**** Material supplied ****

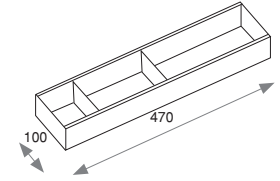

Orderbox Organisateur 100x470 pour tiroirs
Orderbox organizer 100x470 for drawers

Finishing/Finition	Emballage/Packaging	Cod.
Gris anthracite/Anthracite grey	1 UN/UN	3069035

Acier et bois/Steel and wood

Organisateur Orderbox 150x470 pour tiroirs
Orderbox 150x470 organiser for drawers
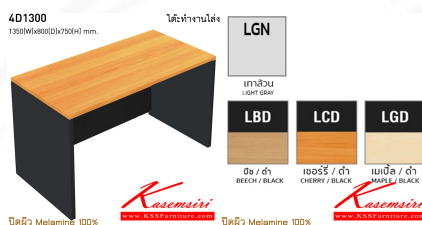

## รายการสินค้า 91547254::4D1300

**4D1300**

1350(W)x800(D)x750(H) mm.

โต๊ะทำงานโล่ง

ปิดผิว Melamine 100%

ชื่อสินค้า : 4D1200-1200-01-1300-1500-1600-1800

หมวดหมู่สินค้า : Melamine Office Tables

แบรนด์สินค้า : TAIYO

รายละเอียด : A Taiyo On-sale office table. Available in 6 sizes. TAIYO Melamine Office Tables

### 4D1200

รายละเอียด : A Taiyo On-sale office table. Available in 6 sizes. Dimension (WxDxH) cm : 120x60x75. TAIYO Melamine Office Tables

ราคา 4,300 บาท

### 4D1200-01

**รายละเอียด :** A Taiyo On-sale office table. Available in 6 sizes. Dimension (WxDxH) cm : 120x80x75.  
TAIYO Melamine Office Tables

ราคา 5,100 บาท
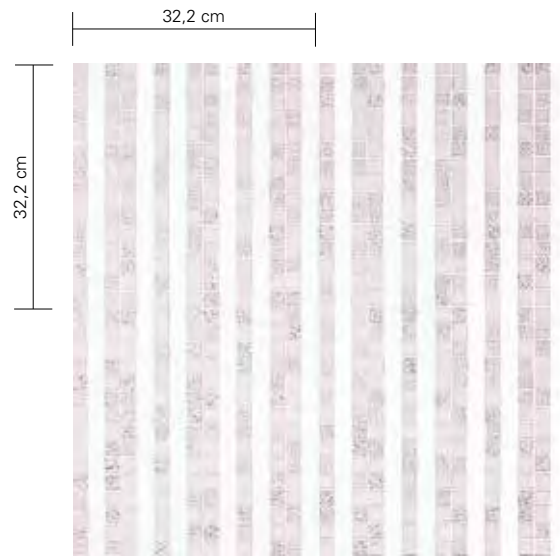

Unità d'ordine / order unit / unité de commande / bestelleinheit / unidad de pedido: 1,03 m²/sqm (11.14 SF)
Montato su carta / paper face mounted / collée sur papier / vorderseitig papiergeklebt / montado sobre papel

VTC 20.10
ORO BIS 20.4
ORO BIS 20.6

RIGHE ORO
Fillgel plus 1103 bianco neve

20 x 20 mm
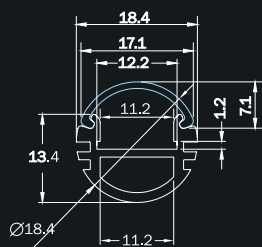

TILLBEHÖR

ALUMINIUMPROFILER

Profiler för utanpåliggande eller infällt montage. Används ihop med lins som finns i flera olika utföranden. För montering av aluminiumprofiler har vi tillbehören clips, magnet med dubbelhäftande tejp samt dubbelhäftande tejp.

Profil: AL-ALH-01AS
Längd: 1020 mm
Lins: Klar, frostad eller opal
Gavlar (2 st): AL-ALH-EC-01
Clips (2 st): AL-01-03-CLIPS

Profil: AL-ALH-02AS
Längd: 1020 mm
Lins: Klar, frostad eller opal
Gavlar (2 st): AL-ALH-EC-02
Clips (2 st): AL-01-03-CLIPS

Profil: AL-ALH-03AS
Längd: 1020 mm
Lins: Klar, frostad eller opal
Gavlar (2 st): AL-ALH-EC-03
Clips (2 st): AL-01-03-CLIPS

Profil: AL-ALH-04AS
Längd: 1020 mm
Lins: Klar, frostad eller opal
Gavlar (2 st): AL-ALH-EC-04
Clips (2 st): AL-ALH-04-CLIPS
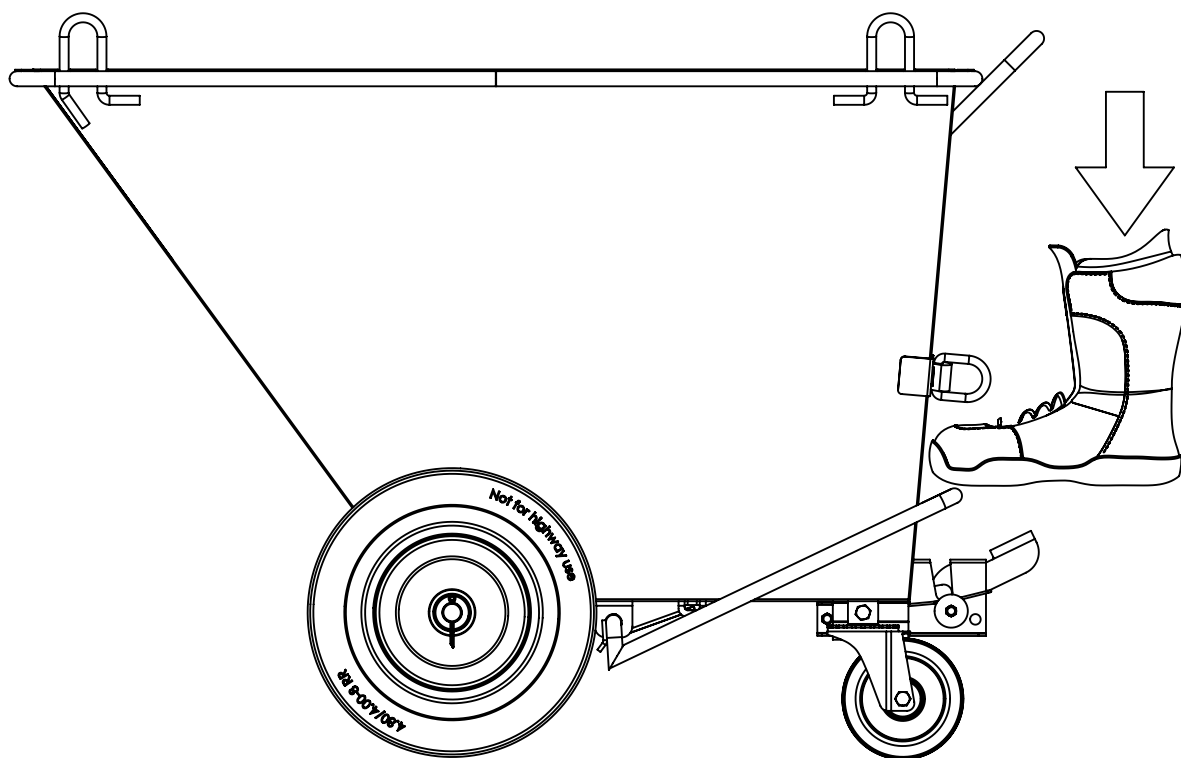

FUNKCIA BRZDY

www.HAKI.com
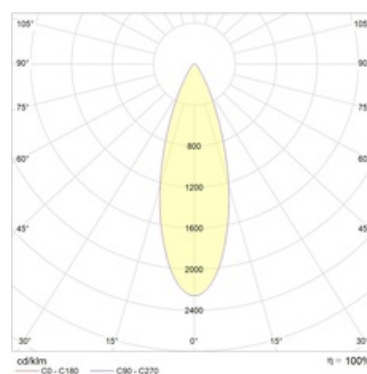

#### Кривая силы света:

#### Габаритные характеристики:

<b>A</b>	<b>Длина</b>	<b>205 мм</b>
<b>B</b>	<b>Ширина</b>	<b>102 мм</b>
<b>C</b>	<b>Высота</b>	<b>195 мм</b>
	<b>Вес</b>	<b>0,8 кг</b>

****

Using the records above, select and copy every line that has the word "Orderbox".

Orderbox Organisateur 100x470 pour tiroirs
Orderbox organizer 100x470 for drawers
Organisateur Orderbox 150x470 pour tiroirs
Orderbox 150x470 organiser for drawers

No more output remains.